Istio can produce a significant volume of logs when default logging is enabled at the cluster level. This excessive logging can result in performance degradation, increased storage costs, and challenges in log analysis. To optimize logging practices, it is recommended to enable error logging by default while allowing application teams to manage logging settings for their respective applications. The steps below outline how to implement this best practice:

extensionProviders:
   - envoyFileAccessLog:
       path: /dev/stdout
     name: envoy-access-logs
  • Now create telemetry object cluster wide to only show error logs, below filter can be updated based on usage requirements:
apiVersion: telemetry.istio.io/v1alpha1
kind: Telemetry
metadata:
  name: default-exception-logging
  namespace: istio-system
spec:
  accessLogging:
    - providers: 
      - name: envoy-access-logs
      filter:
        expression: "response.code >= 400 || xds.cluster_name == 'BlackHoleCluster' || xds.cluster_name == 'PassthroughCluster'"
  • For production setups, it is recommended to set up info access logging for Istio gateways as well for Istio gateways, enable that with below telemetry object:
apiVersion: telemetry.istio.io/v1alpha1
kind: Telemetry
metadata:
name: disable-providers-envoy-access-logs
namespace: istio-gateways
spec:
accessLogging:
    - providers:
      - name: envoy-access-logs
  • Application teams will now only see the minimum required error logs as mentioned in the filter at istio-system namespace level and if needed on demand can enable logging for their workloads via below Telemetry object:
apiVersion: telemetry.istio.io/v1alpha1
kind: Telemetry
metadata:
    name: myapp-telemetry
    namespace: mynamespace
spec:
    accessLogging:
    - providers:
      - name: envoy-access-logs
    selector:
      matchLabels:
        app: myapp

Metrics Optimization

Istio offers a wide range of additional metrics that can be easily enabled or disabled, as outlined below. However, leveraging these metrics comes with trade-offs in resource consumption and system complexity. Therefore, it is advisable to enable only the necessary metrics in production environments, while maintaining the flexibility to toggle metrics on or off in development and testing environments. Here’s an overview of the potential impacts:

Enabling additional metrics:

annotations:
          proxyStatsMatcher:    ## this part is adding additional metrics
            inclusionRegexps:
              - ".*upstream_rq_.*"
              - ".*upstream_cx_.*"
              - ".*downstream_rq_.*"
              - ".*downstream_cx_.*"

Increased Resource Usage:

  • Collecting and exporting additional metrics increases CPU and memory usage for the Envoy sidecar proxies.
  • The Prometheus server may also consume more resources to scrape, store, and query the expanded dataset.

Higher Network Overhead:

  • Exporting metrics from sidecars to telemetry systems generates additional network traffic.
  • This can impact overall cluster performance, especially in high-traffic environments.

Storage Requirements:

  • More metrics mean larger storage requirements for time-series databases like Prometheus.
  • Long-term retention policies may need adjustment to accommodate the increased data volume.

Conclusion

Running Istio at enterprise scale requires deliberate trade-offs rather than enabling every feature by default. As environments grow, unmanaged observability, retries, sidecars, and configuration sprawl can introduce significant performance and operational overhead.

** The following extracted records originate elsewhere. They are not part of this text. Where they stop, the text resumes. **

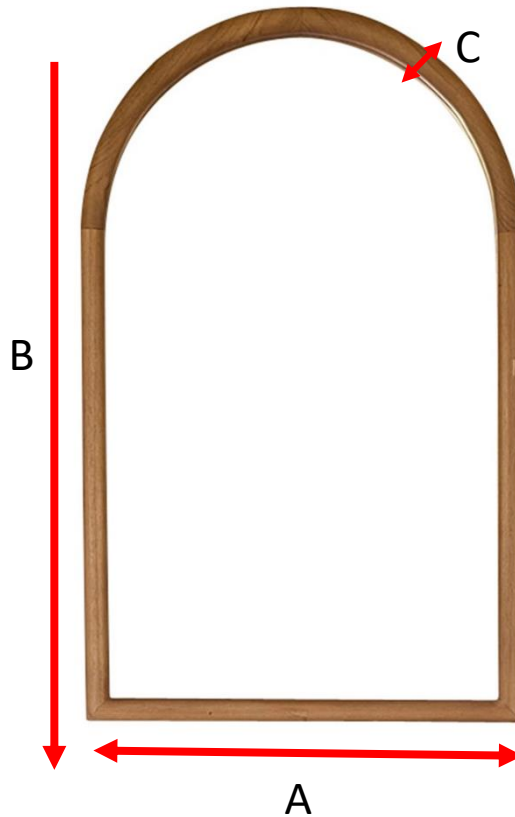

Spiegel aus massivem Teakholz 80x50 cm COLINE  
Referenz: MIR0001

A = 50 cm  
B = 80 cm  
C = 3 cm

a = 84 cm  
b = 52 cm  
c = 6 cm
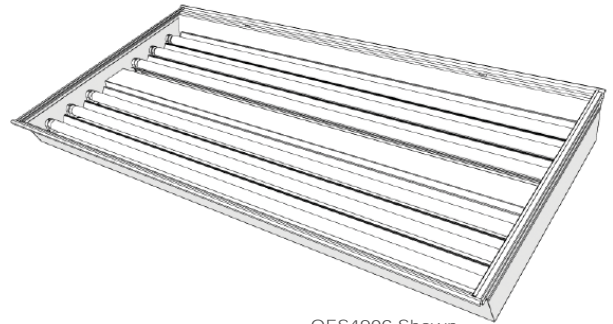

Orion Energy Systems

OES Industrial Troffer Fixture Series

Orion's patented lighting systems incorporate superior optical and thermal efficiency to deliver the most output with the least input.

APPLICATIONS Industrial environments with T-bar ceilings over 15 ft. Fits standard 2' by 4' ceiling grids.

CERTIFICATION UL Listed for Damp Locations.

CONSTRUCTION Durable steel frame. Lamps included. Multiple lens options available. >90% fixture efficiency.

ELECTRICAL Hardwire power connection.

FINISH White finish. Hinged door with lens included in kit (ships unattached).

REFLECTOR Patented, optically efficient design provides 95% total reflectance.

OES4906 Shown

SPECIFICATIONS

Series	Lamps	Wattage Consumed @ 277v	Length	Width	Depth
OES4904-PL	4 Lamp T8	145	47.75"	23.75"	4.0"
OES4906-PL	6 Lamp T8	218	47.75"	23.75"	4.0"

Kit	
K	Kit, Includes Fixture and Hinged Frame with Lens

Lens*	
(blank)	Clear Acrylic
CI	Cracked Ice Acrylic
PML	Prismatic Acrylic
PCL	Clear Polycarbonate
PL5	Parabolic (3/4" spacing)
*A deep parabolic lens (with 8" spacing) is also available. It includes an adapter frame that increases the height of the fixture by 3". Consult Orion Customer Service for more information.

A more thoughtful approach goes a long way: focus on high-signal telemetry, right-sizing sidecars, lean on L4 over L7 when possible, and be selective about when to use retries. Keeping configuration scope controlled is equally important to ensure the control plane remains scalable and predictable.

Advanced patterns like Smart DNS proxies can be useful in targeted scenarios, but they introduce additional DNS load and should be adopted cautiously with clear justification and monitoring.

Ultimately, successful Istio operations depend on continuous tuning—measuring impact, refining configurations, and evolving alongside workload and traffic changes.

*Note: Istio is an open-source technology.